* What you should do *
Copy exactly, and only, the lines from the line containing "Stand: 02/2021" through the last line of the records below, both included, and leave out any pictures.

* Records provided *
- Opening Delimiter -

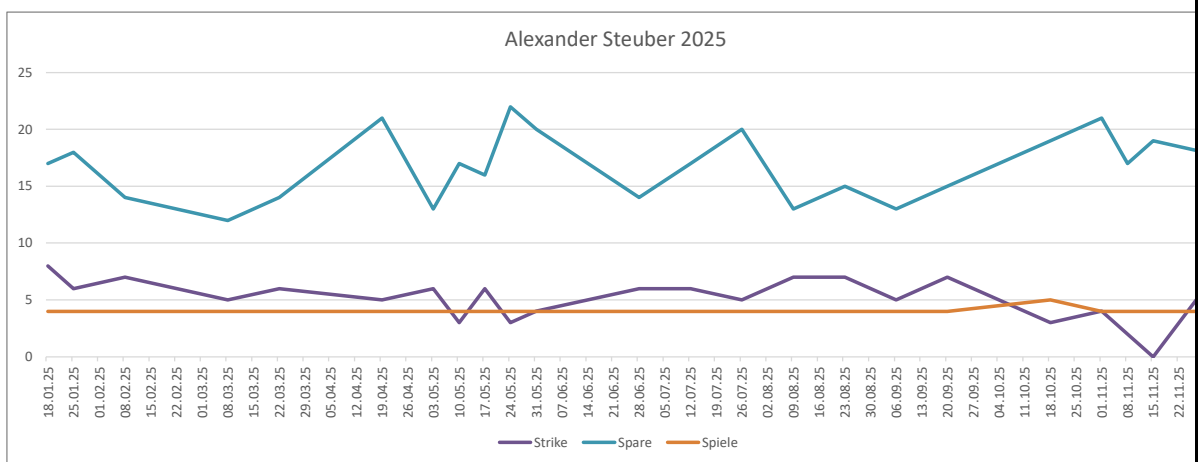

Bester Frame	Bester Schnitt	Schnitt/Jahr	jeweils Summe lfd. Jahr				
176	152	136	93	117	385	0	440

ungültig 1. Quartal	176	152	138	5	12
138 2. Quartal	167	152	138	7	12
134 3. Quartal	166	145	134	6	12
ungültig 4. Quartal	174	147	133	5	12
Anzahl Spiele	93				
ungültig Gesamt 2025				23	48
		>200		0	0
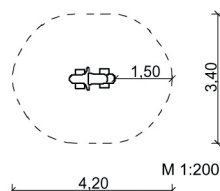

Stand: 02/2021
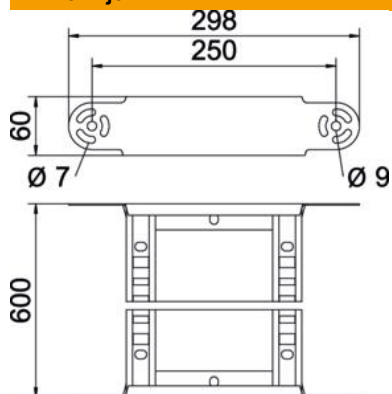

### Referentni podaci

Broj artikla	6225458
Tip	LGBE 660 FS
Opis 1	Element lučne spojnice
Opis 2	za kablске ljestve
Proizvođač:	OBO
Dimenzija	60x600
Materijal	Čelik
Površina	pocinčano
Norma površine	DIN EN 10346
Najmanja prodajna jedinica	1
Jedinica količine	Komad
Težina	135,9 kg
Jedinica za težinu	kg/100 kom.

### Dimenzije

Širina	600 mm
Visina	60 mm
Mjera B	600 mm
Mjera R	600 mm

- Closing Delimiter -

* Expected answer *
Stand: 02/2021

### Referentni podaci

Broj artikla	6225458
Tip	LGBE 660 FS
Opis 1	Element lučne spojnice
Opis 2	za kablске ljestve
Proizvođač:	OBO
Dimenzija	60x600
Materijal	Čelik
Površina	pocinčano
Norma površine	DIN EN 10346
Najmanja prodajna jedinica	1
Jedinica količine	Komad
Težina	135,9 kg
Jedinica za težinu	kg/100 kom.

### Dimenzije

Širina	600 mm
Visina	60 mm
Mjera B	600 mm
Mjera R	600 mm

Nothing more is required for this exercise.